Function arguments are written to registers 0..N-1.
The program counter (pc_) is set to the function’s start_instr.
RunLoop() executes instructions until a Ret is encountered:
- Call: resolve arguments (from registers, immediates, constant pool, or function pool), invoke the target function via InvokeClosurePacked(), store the result in dst.
- Ret: read the return value from the specified register, write the result to the caller’s return register, and return from RunLoop() (the frame is popped by an RAII guard when InvokeBytecode() exits).
- Goto: adjust pc_ by the offset.
- If: check the condition register; if nonzero, fall through; otherwise jump by false_offset.

The dispatch loop is implemented in src/runtime/vm/vm.cc (VirtualMachineImpl::RunLoop).

Frame Stack              Register File (per frame)
┌─────────────┐          ┌────┬────┬────┬─────┬────┐
│  Frame 2    │ ───────► │ R0 │ R1 │ R2 │ ... │ Rn │
├─────────────┤          └────┴────┴────┴─────┴────┘
│  Frame 1    │ ───────► [register file]
├─────────────┤
│  Frame 0    │ ───────► [register file]
└─────────────┘

VMClosure and function dispatch

Functions in the VM are stored in a func_pool_ indexed by function table position. kVMFunc and kVMTIRFunc entries are wrapped as VMClosure objects, while kPackedFunc entries are stored as plain ffi::Function.
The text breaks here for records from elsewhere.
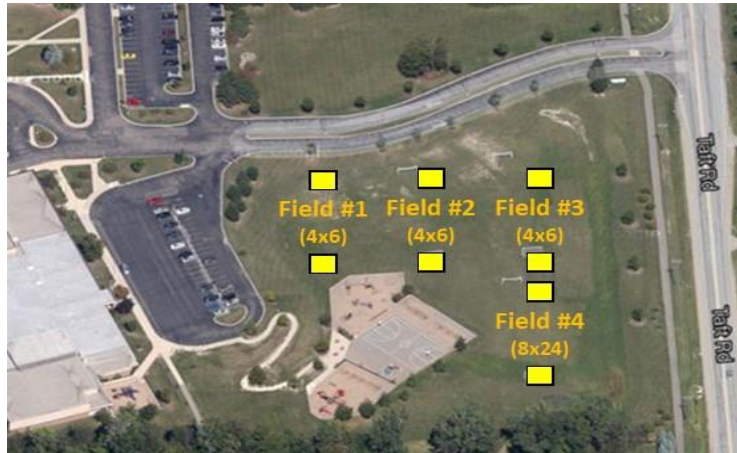

Other Practice Field Layout Maps

*NW: Novi Woods Elementary - fields are on Taft Rd, between 10 and 11 Mile (fields are located in front of school)

*MD6: Novi Meadows 6th Grade House - fields are on Taft Rd, between 10 and 11 Mile (fields are located behind the school)

*BF & VO: Brookfarm Park & Village Oaks Elementary - fields are on Willowbrook Dr, south of 10 Mile (VO goals are behind the school & BF is north of VO)

*WW: Wildlife Woods Park - fields are located north of Deerfield Elementary (26600 Wixom Road)

*LP: Lakeshore Park - field is in the middle of Lakeshore Park on South Lake Dr (southside of Walled Lake)

Novi Woods Elementary

Novi Meadows 6th Grade House Fields

Taft Road

Brookfarm Park & Village Oaks Fields
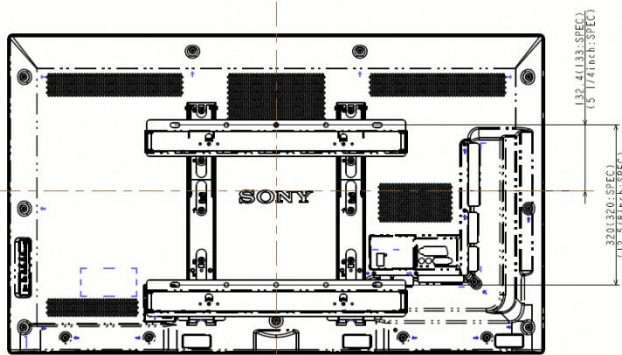

M6X(8 to 12+T) (T: VESA PLATE THICKNESS)
or #5Wx16 (for SONY wall mount)

WL-500

A VMClosure stores:

func_name: the function’s string name.
impl: a ffi::Function that takes the VM context pointer as its first argument, followed by the actual parameters.

When the VM encounters a Call instruction, it looks up the function in func_pool_ by index and dispatches via InvokeClosurePacked(). If the target is a VMClosure, the VM pointer is prepended to the arguments and impl is invoked. If it is a plain ffi::Function, it is called directly.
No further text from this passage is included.